Data Official Smogon University Usage Statistics Discussion Thread, mk.2

Status
Not open for further replies.

Antar

is a Battle Server Administratoris a Programmeris a Super Moderatoris a Community Contributor
Official Data Miner
#1

I've cut back on the number of baselines at which I'm calculating the stats, but it's still far too much to put into one thread, so the stats will continue to be on sim.smogon.com (see top link).

The previous rules still apply, namely:

NOTE: DISCUSSION IN THIS THREAD WILL BE LIMITED TO STATISTICS CALCULATIONS, CLARIFICATIONS AND OVERALL TRENDS. DISCUSSIONS OF INDIVIDUAL POKEMON WILL BE DELETED (each Pokemon has its own thread--discuss there).

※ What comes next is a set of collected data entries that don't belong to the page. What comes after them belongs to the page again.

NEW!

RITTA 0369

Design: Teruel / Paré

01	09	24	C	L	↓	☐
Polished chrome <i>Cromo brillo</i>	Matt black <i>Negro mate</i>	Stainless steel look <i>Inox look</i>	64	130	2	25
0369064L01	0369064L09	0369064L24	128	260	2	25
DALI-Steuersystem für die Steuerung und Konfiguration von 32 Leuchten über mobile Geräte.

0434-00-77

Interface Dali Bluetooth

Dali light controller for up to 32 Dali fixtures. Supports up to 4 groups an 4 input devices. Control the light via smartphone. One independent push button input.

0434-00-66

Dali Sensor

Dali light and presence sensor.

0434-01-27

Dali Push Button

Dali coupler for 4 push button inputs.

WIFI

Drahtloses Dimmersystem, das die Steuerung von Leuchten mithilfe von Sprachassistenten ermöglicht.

POSTS THAT SIMPLY QUOTE OR REFERENCE STATISTICS WITH PERSONAL COMMENTARY WILL BE DELETED. POSTS DISCUSSING HYPOTHETICAL LOWER TIERS WILL BE DELETED.
and I'll announce each month when the stats are "up."

Feel free to ask any questions you have about how things are calculated, but be sure to first check the FAQ directly below this post.

Enjoy, data junkies!

Link to previous stats discussion thread
 
Last edited:

Antar

is a Battle Server Administratoris a Programmeris a Super Moderatoris a Community Contributor
Official Data Miner
#2
Frequently Asked Questions
  1. I can't load that link!
    That stinks! You must be on a network that blocks port 8080. Unfortunately, there's nothing I can do about that right now. Eventually, we might move the stats to their own dedicated web server, and that will probably fix your problem.

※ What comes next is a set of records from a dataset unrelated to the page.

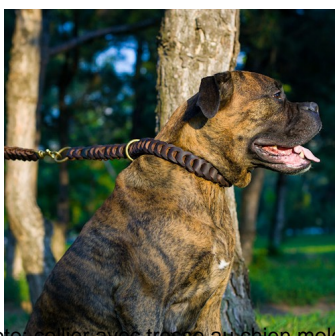

[Poser une question sur ce produit](#)

Fournisseurs [ForDogTrainers](#)

Description du produit

Collier de chien en cuir

Collier de chien en cuir "Tresse française" de 3 cm de largeur est conçu pour les chiens molosses, grands et moyens. Ce modèle de collier chien cuir tresse est réalisé en cuir naturel, souple et résistant. La tresse raffinée de finition soignée et la boucle en laiton de haute qualité assurent la solidité et l'élégance. Ce collier chien tresse ornera joliment le cou de votre chien aimé et attirera les regards admiratifs des passants. Confortable et original, le collier chien cuir tresse est adapté au dressage, travail de service, promenades et formation canine. Aspect décoratif de ce collier chien tresse "Tresse française" est reconnaissable au premier coup d'oeil et ne laissera pas votre chouchou inaperçu. Le collier chien tresse en cuir reste toujours en vogue et respecte le pelage autour du cou de votre chien.

Matériau: cuir

Couleur: noire, marron, naturelle

Bouclerie: acier chromé, laiton

Décorations: tressage

Largeur: 3 cm

Tailles: de 45 à 85 cm

Caractéristiques du produit:

- cuir de haute qualité
- bouclerie solide
- fait main
- réservé aux chiens moyens et grands

L'image montre la correspondance entre la circonférence de cou et la taille de collier:

Photo: collier tressé en cuir épais

Photo: collier avec tresse au chien molosse

Photo: collier en tresse décorative

Collier chien cuir tresse se montre super confortable au cou de mon berger sans risque d'irritation. Merci! Guillaume

Je recommande vivement le collier chien tresse pour sa haute qualité et son design. Sandrine

  2. Where are the moveset stats / metagame stats / lead stats / mega stats / changes since last month?
    Respectively, in the "moveset," "metagame," "lead," "mega" and "changes" subfolders of each month.

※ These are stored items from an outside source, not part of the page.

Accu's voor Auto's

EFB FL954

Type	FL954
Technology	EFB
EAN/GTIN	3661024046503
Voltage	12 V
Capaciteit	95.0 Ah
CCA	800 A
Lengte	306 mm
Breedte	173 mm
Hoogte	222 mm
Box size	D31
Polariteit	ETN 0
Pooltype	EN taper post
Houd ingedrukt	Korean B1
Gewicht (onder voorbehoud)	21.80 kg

  3. What's this business with "Raw" and "Real?"
    Jimera0, yeah--I should really include just a bit of text at the top of each Standard Stats post...
    • Usage % : Weighted
    • Raw: Unweighted
    • "Real": Only counts the Pokemon which actually appear in battle (Doubles not supported)
    The reason for the name "real" is historic--back when I first took over the stats and then the running of PO, only the Pokemon that appeared in battle were recorded in the logs, so there was no way to actually *get* the full team stats. When I modified PO to generate logs with full team info in them, we were left with a decision regarding which stats to use, and the argument was that counting only Pokemon appearing in battle was somewhat more legit, because that corresponded to actual, or "real" usage (that argument lost out in the end).
  4. How are usage stats weighted?
    Every player on Pokemon Showdown has a skill rating for each metagame they participate in. This rating--which is different from your ladder score--is calculated using an algorithm called Glicko and consists of an estimated skill value R and an uncertainty in that estimate RD. Based on these two values, we calculate the likelihood that a given player has a "true" skill value above a certain baseline (the conventional baseline was 1500, corresponding to the "average" player). For more about ratings, read here. For more about weightings, read here. Note that, starting with the May stats, if a player has an RD greater than 100, and the baseline is above 1500, then their team is not counted in the stats. Note further that it typically only takes about 5 or 6 battles to get one's RD below 100.

  5. How are tiers determined from usage?
    Tiers are based off a predictive algorithm designed to estimate how often a Pokemon will appear in the next month's usage statistics, based on the usage stats for the past three months (we update our standard tiers every three months). So we start by weighting the last three months' stats like this:
    Code:
    Three month usage= (20x last month + 3x month before that + 1x month before that)/24
    then the "OU" list for that metagame consists of all the Pokemon who appear on at least ~3.41% of teams, which is not as random a number as it might seem. Note that suspect tests are designed to move Pokemon into the Borderline ("BL") teams, which, like Ubers, are not based on usage statistics.

    As for which stats are used to determine the tiers, we're currently using a baseline of 1695 for OU, 1630 for all other tiers.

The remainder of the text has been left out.